Of 455 patients with TB interviewed, 205 (53%) were aged 19 to 45 years (mean [SD] age, 38.4 [16.0] years), 128 (33%) were female, 72 (19%) were illiterate, 126 (33%) were employed, and 186 (48%) had a single earning member in the family (percentages are based on the 384 patients who were interviewed through the end of the continuation phase of treatment). Sixty-one percent of patients (234 patients) had pulmonary smear positive TB. The proportion of patients with catastrophic costs was 31%. Indirect costs contributed more toward catastrophic cost than did direct costs. Multivariate logistic regression analysis found that unemployment (adjusted odds ratio, 0.2; 95% CI, 0.1-0.5; P < .001) and higher annual household income (Rs 1-200 000, adjusted odds ratio, 0.4; 95% CI, 0.2-0.7; P = .004; Rs >200 000, adjusted odds ratio, 0.2; 95% CI, 0.1-0.5; P < .001) were associated with a decreased likelihood of experiencing catastrophic costs.

CONCLUSIONS AND RELEVANCE

Despite the implementation of free diagnostic and treatment services under a national TB control program, TB-affected households had a high risk of catastrophic costs and further impoverishment. There is an urgent demand to provide additional financial protection for patients with TB.

摘要

重要性

与结核病(TB)诊断和治疗相关的高昂家庭费用可能会成为获得治疗的障碍,并导致无法坚持治疗,这突显了实现世界卫生组织结核病战略目标的紧迫性,即到 2020 年,任何受结核病影响的家庭都不应面临灾难性的费用。

目的

评估与结核病诊断和治疗相关的灾难性费用的发生情况,并确定在结核病控制策略得到有效实施的环境中与灾难性费用相关的社会经济指标。

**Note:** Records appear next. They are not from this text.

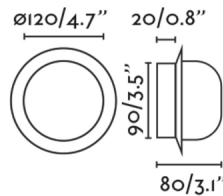

MAY è una divertente collezione di applique disegnata da Faro Lab. La struttura è di forma circolare, e la possiamo trovare in cinque versioni differenti. È possibile installarla su una parete o sul soffitto come una plafoniera, in un'infinità di ambienti interni, persino nel bagno, grazie all'IP44. Questa applique di colore blu, che proietta una luce calda e uniforme, è fabbricata in acciaio e conta con un diffusore centrale di cristallo.

Caratteristiche generali

Fissare	Parete, Soffitto
Classe	II
IP	44
Voltaggio	100V-240V
Hertz	50/60Hz
Potenza	4W

Materiale

Corpo/Struttura	Acciaio
Diffusore	Vetro

Finiture

Corpo/Struttura	Blu
Diffusore	Bianco Opale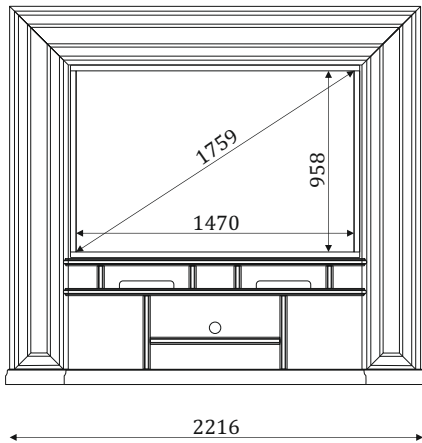

ГОСТИНАЯ ANTONELLI

04.450

2000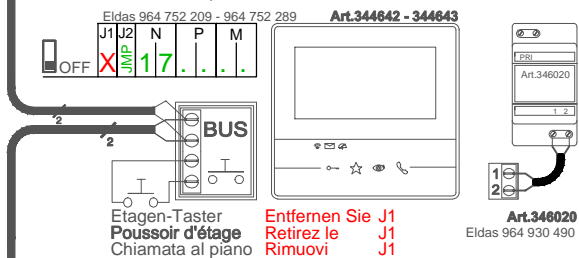

21 INT 1.4/00

Eldas 964 752 209 - 964 752 289

Art.344642 - 344643

Etagen-Taster
Poussoir d'étage
 Chiamata al piano

Entfernen Sie J1
Retirez le J1
Rimuovi J1

Art.346020
 Eldas 964 930 490

Eldas 964 752 209 - 964 752 289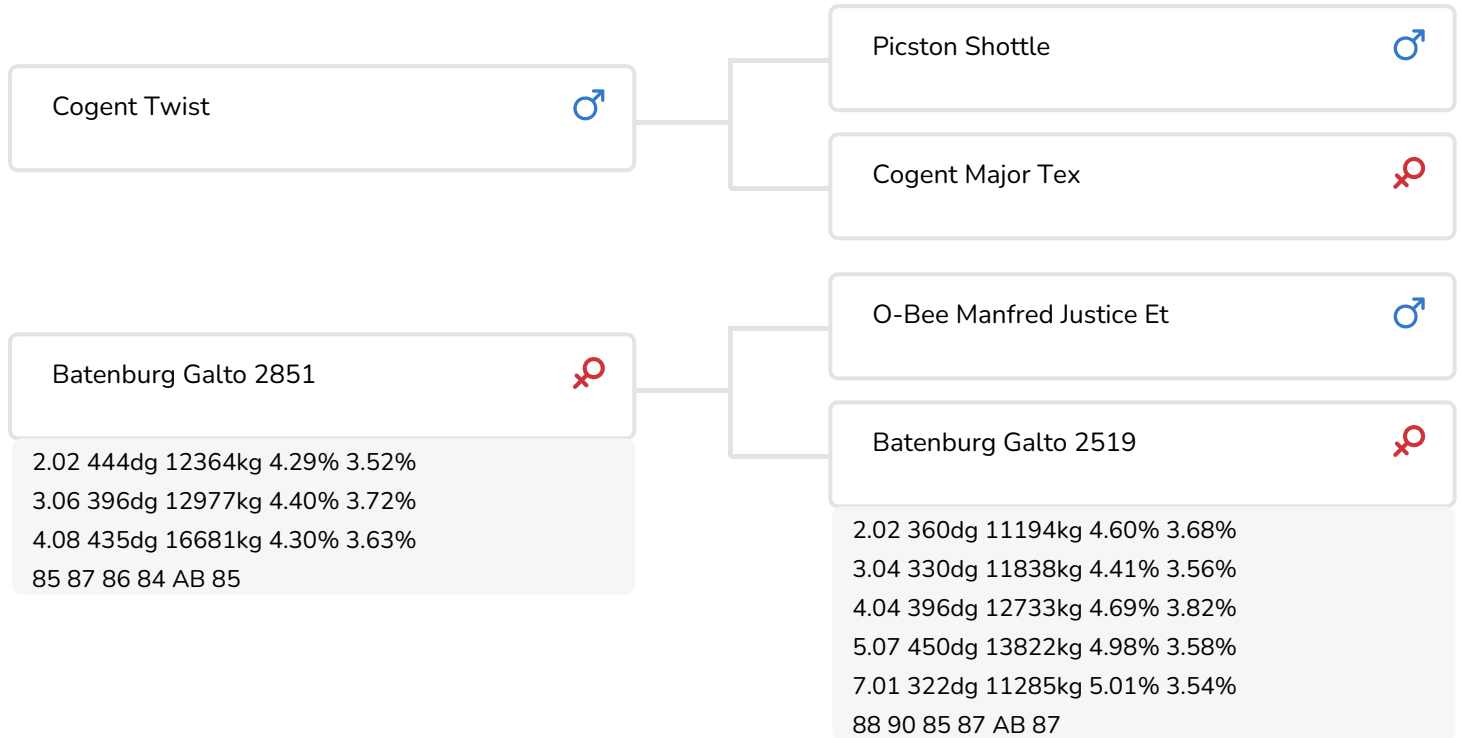

Alger Meekma

- + Goed beengebruik
- + Veel melk
- + Brede hellende kruizen

© Elly Geverink

Batenburg Galto 2519 (AB 87)
(grootmoeder van Touchdown)

STIERINFO

Naam	Batenburg Touchdown	Geboortedatum	2013-04-15
Levensnummer	NL 842907459	Draagtijd	281
Stiercode	36951	Kappa caseïne	AB
aAa code	234	Beta caseïne	A1/A2
Kleur	ZB	Koe familie	Galto
Bloedvoering	100% HF	Kleur rietje	Rose

FOKWAARDE INDEXEN

NVI	INET	Levensduur
-60	22	47

PRODUCTIEVERERVING

% Betr	DCHT	BEDR			
97	227	98			
Kg melk	% vet	% eiwit	Kg vet	Kg eiwit	Inet
6	0.14	-0.05	13	-4	22

KENMERKEN STIER

Geboortegemak		99
Lvh. Geboorte		104
Vleesindex		101

DOCHTERS

Vruchtbaarheid		96
NR		95
Tussenkalf tijd		97
Afkalfgemak		96
Lvh. Afkalven		104
Persistentie		102
Laatrijphheid		97
Uiergezondheid		91
Celgetal		90
Melksnelheid		103
Robotefficiëntie		105
Robotinterval		96
Robotgewennig		105
Klauwgezondheid		104
Karakter		105
Lichaamsgewicht		97

设计、设置和参与者:在这项横断面研究中,我们对 2017 年 2 月至 2018 年 3 月期间在印度南部钦奈大都市区接受结核病控制计划治疗的 455 名结核病患者进行了访谈。通过培训过的现场调查员在 3 个时间点对患者进行访谈:治疗开始时、治疗强化阶段结束时和治疗持续阶段结束时。使用预编码的访谈表收集人口统计学、社会经济和临床特征以及直接医疗、直接非医疗和间接费用的信息。数据分析于 2018 年 8 月至 2019 年 11 月进行。

主要结果和措施

结核病患者的直接、间接和总费用。结核病相关的灾难性费用被定义为超过家庭年收入 20%的费用。使用二元响应模型确定与灾难性费用显著相关的因素。

结果

在接受访谈的 455 名结核病患者中,205 名(53%)年龄在 19 至 45 岁之间(平均[SD]年龄,38.4[16.0]岁),128 名(33%)为女性,72 名(19%)为文盲,126 名(33%)有工作,186 名(48%)家庭只有一个挣钱的成员(基于在持续治疗阶段结束时通过访谈获得的 384 名患者的百分比)。61%的患者(234 名)患有肺部涂片阳性结核病。有灾难性费用的患者比例为 31%。间接费用比直接费用更有可能导致灾难性费用。多变量逻辑回归分析发现失业(调整后的优势比,0.2;95%CI,0.1-0.5;P<0.001)和更高的家庭年收入(Rs 1-200 000,调整后的优势比,0.4;95%CI,0.2-0.7;P=0.004;Rs>200 000,调整后的优势比,0.2;95%CI,0.1-0.5;P<0.001)与降低发生灾难性费用的可能性相关。

结论和相关性

尽管在国家结核病控制计划下提供了免费的诊断和治疗服务,但受结核病影响的家庭仍面临着灾难性费用和进一步贫困的高风险。迫切需要为结核病患者提供额外的经济保护。